Exercise directions: Needed from the data below: every line from the one with "A30R CABEZ.SEMOV.,4XM4 18 L/MIN G1/2 P.A." up to and including the one with "Descripción: M63E-45 CABEZAL", repeated exactly and with nothing else.

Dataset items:
---+---
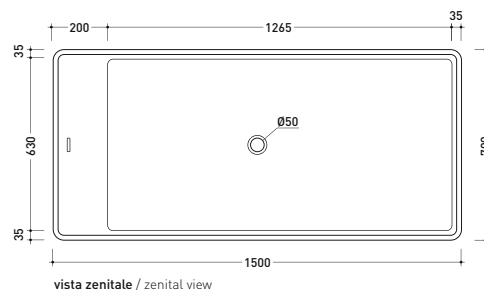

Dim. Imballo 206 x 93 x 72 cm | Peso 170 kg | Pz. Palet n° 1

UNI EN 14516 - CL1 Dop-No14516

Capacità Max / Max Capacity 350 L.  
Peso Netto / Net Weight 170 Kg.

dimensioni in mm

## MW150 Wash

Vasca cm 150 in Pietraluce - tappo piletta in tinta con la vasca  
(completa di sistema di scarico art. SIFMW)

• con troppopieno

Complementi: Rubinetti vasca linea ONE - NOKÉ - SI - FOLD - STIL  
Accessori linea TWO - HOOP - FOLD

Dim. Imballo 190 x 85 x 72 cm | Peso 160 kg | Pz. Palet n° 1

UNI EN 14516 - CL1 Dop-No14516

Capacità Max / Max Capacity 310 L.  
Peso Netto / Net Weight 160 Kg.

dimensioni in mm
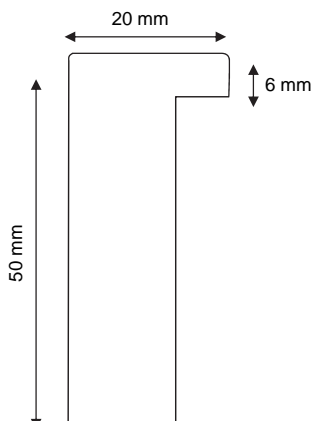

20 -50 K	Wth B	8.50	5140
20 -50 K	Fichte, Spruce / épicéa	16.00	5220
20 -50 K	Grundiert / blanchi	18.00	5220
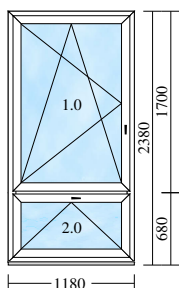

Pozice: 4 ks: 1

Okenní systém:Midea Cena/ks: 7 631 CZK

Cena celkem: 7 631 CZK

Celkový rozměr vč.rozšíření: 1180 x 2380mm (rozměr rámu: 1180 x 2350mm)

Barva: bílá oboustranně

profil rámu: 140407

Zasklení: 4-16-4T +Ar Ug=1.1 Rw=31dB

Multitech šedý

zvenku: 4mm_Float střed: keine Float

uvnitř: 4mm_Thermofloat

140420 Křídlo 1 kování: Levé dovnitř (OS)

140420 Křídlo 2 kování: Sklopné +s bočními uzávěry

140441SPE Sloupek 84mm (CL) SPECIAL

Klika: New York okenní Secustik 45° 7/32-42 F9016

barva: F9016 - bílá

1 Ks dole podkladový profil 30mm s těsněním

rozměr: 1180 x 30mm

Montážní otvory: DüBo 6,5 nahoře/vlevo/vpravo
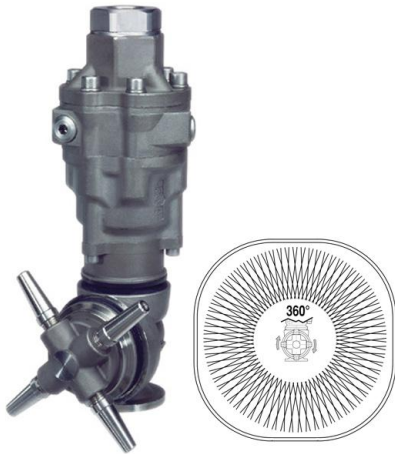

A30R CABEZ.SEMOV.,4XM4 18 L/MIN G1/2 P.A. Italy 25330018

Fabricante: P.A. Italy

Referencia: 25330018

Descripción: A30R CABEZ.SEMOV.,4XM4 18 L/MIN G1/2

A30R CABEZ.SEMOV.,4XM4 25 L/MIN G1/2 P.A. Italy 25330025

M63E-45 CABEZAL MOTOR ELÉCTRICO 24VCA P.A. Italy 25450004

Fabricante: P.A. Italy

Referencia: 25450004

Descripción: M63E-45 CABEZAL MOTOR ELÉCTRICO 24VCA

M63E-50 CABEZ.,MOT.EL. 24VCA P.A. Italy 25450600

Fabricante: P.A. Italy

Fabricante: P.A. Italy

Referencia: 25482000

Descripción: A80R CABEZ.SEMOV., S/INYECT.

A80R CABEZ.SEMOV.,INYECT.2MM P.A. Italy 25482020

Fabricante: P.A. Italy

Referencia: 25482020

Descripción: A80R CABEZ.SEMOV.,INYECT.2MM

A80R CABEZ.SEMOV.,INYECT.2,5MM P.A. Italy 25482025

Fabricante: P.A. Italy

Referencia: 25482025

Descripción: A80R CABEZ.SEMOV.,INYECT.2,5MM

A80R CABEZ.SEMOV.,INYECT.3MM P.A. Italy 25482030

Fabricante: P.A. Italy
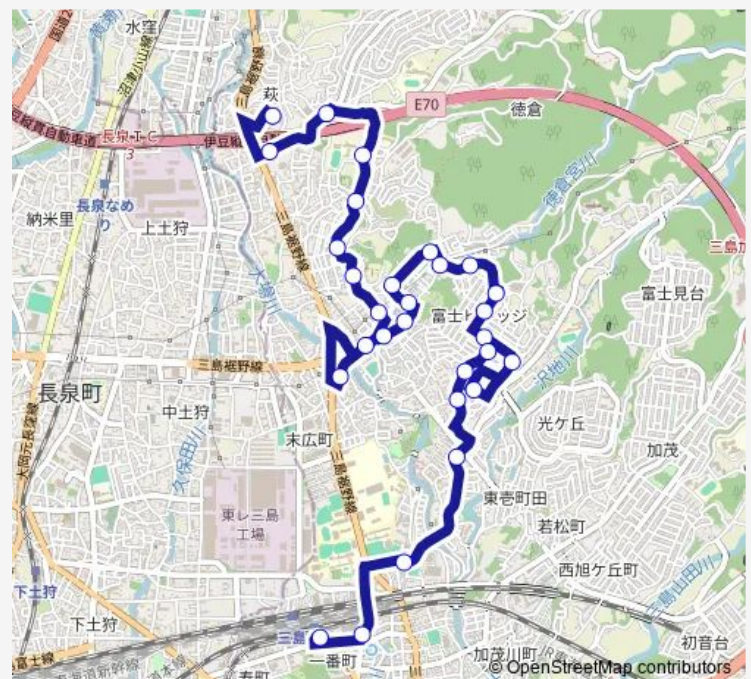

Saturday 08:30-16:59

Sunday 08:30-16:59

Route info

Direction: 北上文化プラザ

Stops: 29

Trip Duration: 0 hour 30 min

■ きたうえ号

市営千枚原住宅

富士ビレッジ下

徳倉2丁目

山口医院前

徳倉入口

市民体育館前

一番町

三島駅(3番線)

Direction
---+---
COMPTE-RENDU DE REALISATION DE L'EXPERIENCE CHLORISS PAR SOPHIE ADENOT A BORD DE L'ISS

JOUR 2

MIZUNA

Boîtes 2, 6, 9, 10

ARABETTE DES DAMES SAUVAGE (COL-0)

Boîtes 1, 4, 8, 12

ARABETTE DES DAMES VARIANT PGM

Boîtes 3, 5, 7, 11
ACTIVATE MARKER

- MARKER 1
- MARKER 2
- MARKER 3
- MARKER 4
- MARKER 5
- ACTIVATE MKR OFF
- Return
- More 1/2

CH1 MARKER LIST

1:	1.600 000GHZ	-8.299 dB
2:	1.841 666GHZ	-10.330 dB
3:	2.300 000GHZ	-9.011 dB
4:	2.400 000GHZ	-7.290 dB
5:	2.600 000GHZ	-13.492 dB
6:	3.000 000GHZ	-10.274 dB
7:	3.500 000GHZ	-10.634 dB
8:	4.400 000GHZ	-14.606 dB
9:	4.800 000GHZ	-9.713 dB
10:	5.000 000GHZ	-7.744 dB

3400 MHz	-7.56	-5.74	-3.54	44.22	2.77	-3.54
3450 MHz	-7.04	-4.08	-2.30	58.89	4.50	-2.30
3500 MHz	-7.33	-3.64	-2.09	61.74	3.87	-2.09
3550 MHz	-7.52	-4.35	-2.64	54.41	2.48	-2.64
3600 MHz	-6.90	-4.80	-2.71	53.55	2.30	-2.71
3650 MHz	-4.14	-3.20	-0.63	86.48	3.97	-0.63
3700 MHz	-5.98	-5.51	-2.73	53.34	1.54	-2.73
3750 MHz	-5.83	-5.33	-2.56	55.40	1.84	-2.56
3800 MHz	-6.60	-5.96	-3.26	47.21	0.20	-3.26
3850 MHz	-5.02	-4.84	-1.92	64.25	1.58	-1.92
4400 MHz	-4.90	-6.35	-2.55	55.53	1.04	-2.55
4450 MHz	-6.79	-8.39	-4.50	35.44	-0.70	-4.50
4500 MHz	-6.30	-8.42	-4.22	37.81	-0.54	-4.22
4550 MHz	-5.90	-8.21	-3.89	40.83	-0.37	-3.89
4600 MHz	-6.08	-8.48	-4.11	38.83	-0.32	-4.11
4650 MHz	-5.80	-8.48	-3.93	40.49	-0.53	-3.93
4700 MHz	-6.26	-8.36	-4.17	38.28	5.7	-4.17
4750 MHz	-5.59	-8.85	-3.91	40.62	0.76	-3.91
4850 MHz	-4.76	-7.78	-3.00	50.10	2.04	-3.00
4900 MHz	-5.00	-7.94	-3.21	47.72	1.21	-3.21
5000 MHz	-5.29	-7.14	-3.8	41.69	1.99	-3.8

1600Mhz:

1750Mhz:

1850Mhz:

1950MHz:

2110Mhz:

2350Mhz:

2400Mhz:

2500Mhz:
---+---
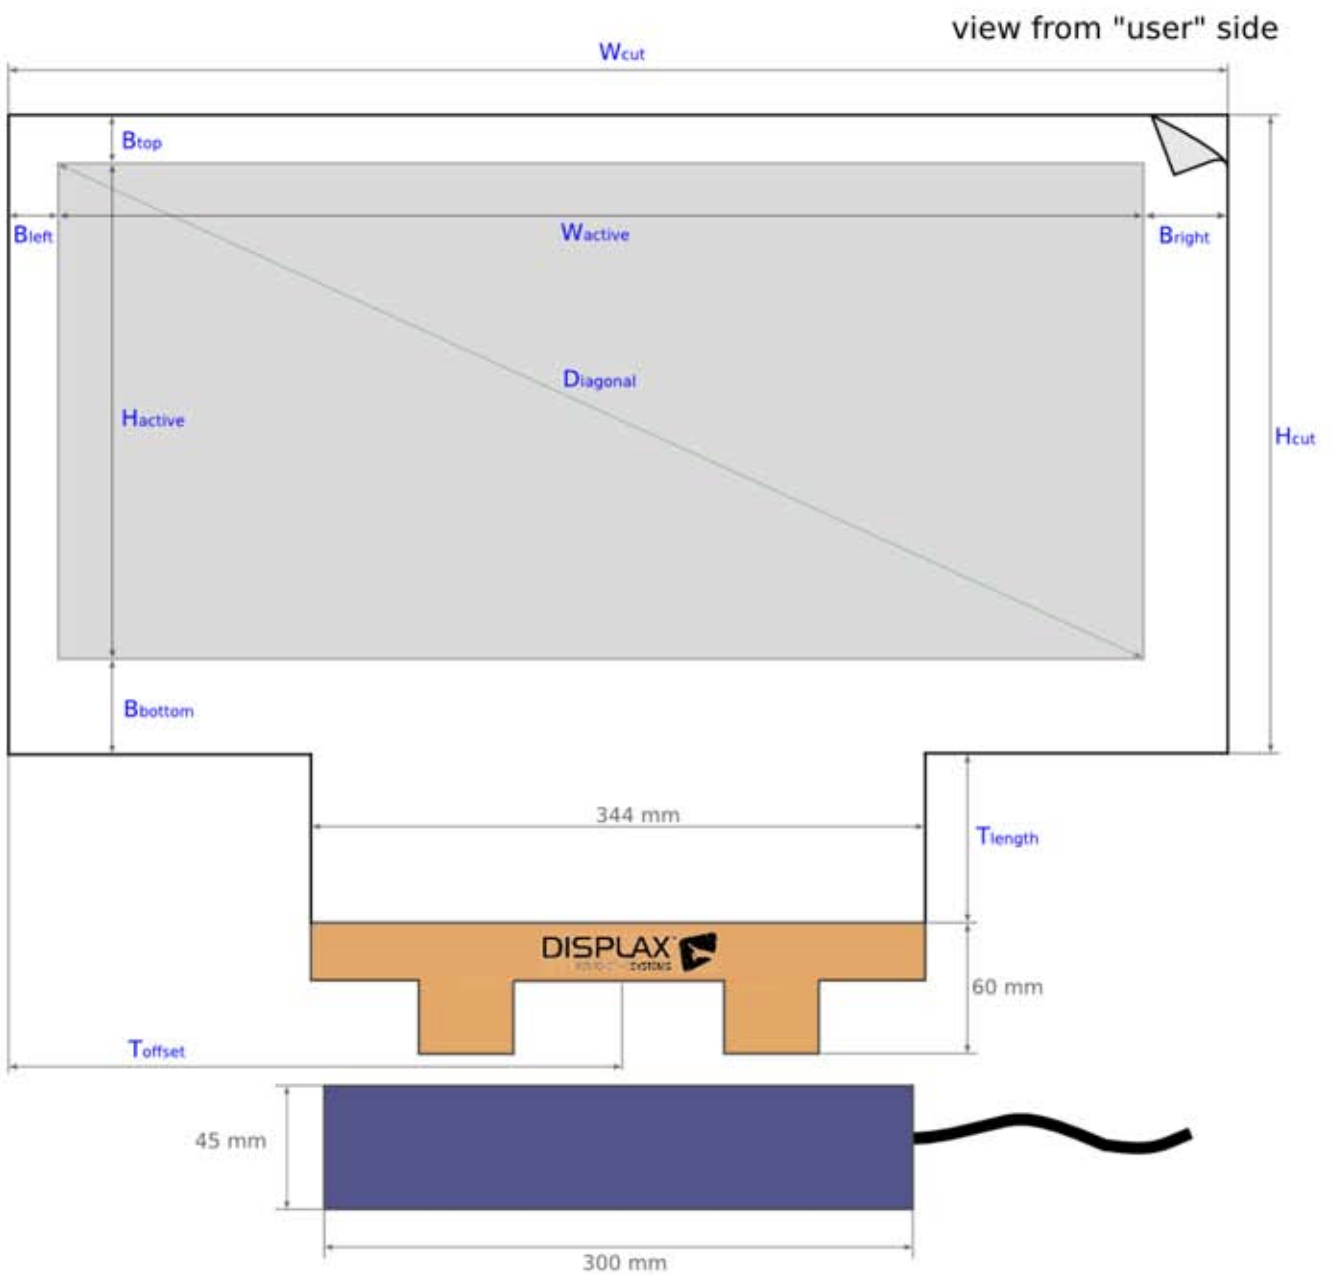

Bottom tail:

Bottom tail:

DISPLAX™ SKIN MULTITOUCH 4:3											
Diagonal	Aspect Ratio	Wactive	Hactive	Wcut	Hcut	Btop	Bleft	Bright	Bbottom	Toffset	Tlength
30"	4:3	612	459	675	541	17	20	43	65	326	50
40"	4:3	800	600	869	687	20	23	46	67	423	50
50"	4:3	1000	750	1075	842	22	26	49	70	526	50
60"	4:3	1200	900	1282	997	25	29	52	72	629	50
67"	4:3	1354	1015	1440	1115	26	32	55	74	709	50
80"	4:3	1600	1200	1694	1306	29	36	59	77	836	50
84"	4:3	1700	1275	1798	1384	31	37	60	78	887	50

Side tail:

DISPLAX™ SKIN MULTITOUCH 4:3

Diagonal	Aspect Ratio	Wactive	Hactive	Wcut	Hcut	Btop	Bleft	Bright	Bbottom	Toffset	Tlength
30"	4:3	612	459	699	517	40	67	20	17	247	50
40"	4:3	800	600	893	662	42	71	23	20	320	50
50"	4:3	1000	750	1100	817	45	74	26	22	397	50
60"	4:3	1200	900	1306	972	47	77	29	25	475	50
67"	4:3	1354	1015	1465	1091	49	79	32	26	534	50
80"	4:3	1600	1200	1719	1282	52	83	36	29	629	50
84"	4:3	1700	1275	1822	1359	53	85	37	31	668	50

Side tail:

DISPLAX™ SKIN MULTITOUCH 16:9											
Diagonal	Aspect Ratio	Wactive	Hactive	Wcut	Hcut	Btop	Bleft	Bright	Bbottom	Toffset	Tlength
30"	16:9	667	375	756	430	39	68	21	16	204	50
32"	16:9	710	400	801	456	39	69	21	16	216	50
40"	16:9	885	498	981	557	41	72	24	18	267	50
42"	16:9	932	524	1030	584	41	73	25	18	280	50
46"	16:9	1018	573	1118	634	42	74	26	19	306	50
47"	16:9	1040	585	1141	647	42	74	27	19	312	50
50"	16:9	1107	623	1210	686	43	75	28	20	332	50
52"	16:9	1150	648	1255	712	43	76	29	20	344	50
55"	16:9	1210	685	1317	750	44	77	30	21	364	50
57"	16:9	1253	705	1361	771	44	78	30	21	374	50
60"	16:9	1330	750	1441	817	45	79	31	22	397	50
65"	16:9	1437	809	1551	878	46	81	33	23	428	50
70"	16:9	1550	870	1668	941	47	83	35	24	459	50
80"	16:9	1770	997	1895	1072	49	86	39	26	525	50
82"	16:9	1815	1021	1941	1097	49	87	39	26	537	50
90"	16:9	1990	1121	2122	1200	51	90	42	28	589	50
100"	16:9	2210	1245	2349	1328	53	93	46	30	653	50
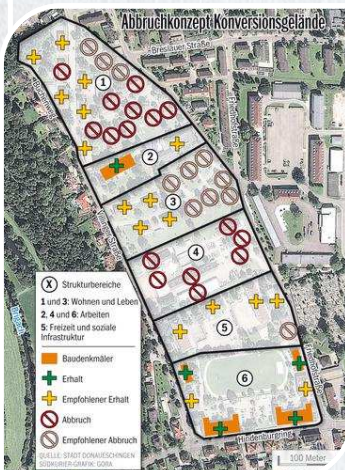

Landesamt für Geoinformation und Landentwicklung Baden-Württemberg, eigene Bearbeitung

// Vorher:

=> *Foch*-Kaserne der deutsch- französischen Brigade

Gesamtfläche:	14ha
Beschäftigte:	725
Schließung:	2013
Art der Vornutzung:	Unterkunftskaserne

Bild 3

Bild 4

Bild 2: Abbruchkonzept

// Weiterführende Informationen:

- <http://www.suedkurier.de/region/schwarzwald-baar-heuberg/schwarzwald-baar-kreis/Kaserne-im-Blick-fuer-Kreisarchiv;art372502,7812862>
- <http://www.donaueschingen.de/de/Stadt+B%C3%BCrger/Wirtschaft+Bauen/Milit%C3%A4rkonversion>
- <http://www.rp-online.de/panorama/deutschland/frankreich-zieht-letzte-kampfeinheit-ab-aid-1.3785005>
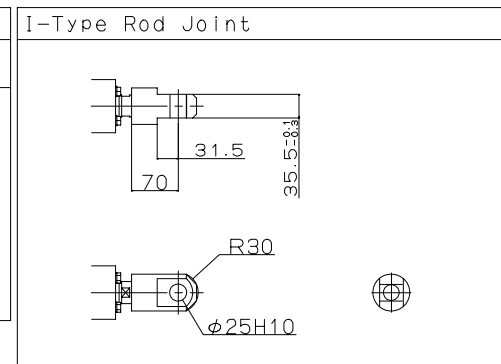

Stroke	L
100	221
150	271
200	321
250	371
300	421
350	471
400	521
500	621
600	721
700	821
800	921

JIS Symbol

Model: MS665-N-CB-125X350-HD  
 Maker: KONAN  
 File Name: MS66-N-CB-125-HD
---+---
Task solution:
A30R CABEZ.SEMOV.,4XM4 18 L/MIN G1/2 P.A. Italy 25330018

Fabricante: P.A. Italy

Referencia: 25330018

Descripción: A30R CABEZ.SEMOV.,4XM4 18 L/MIN G1/2

A30R CABEZ.SEMOV.,4XM4 25 L/MIN G1/2 P.A. Italy 25330025

M63E-45 CABEZAL MOTOR ELÉCTRICO 24VCA P.A. Italy 25450004

Fabricante: P.A. Italy

Referencia: 25450004

Descripción: M63E-45 CABEZAL MOTOR ELÉCTRICO 24VCA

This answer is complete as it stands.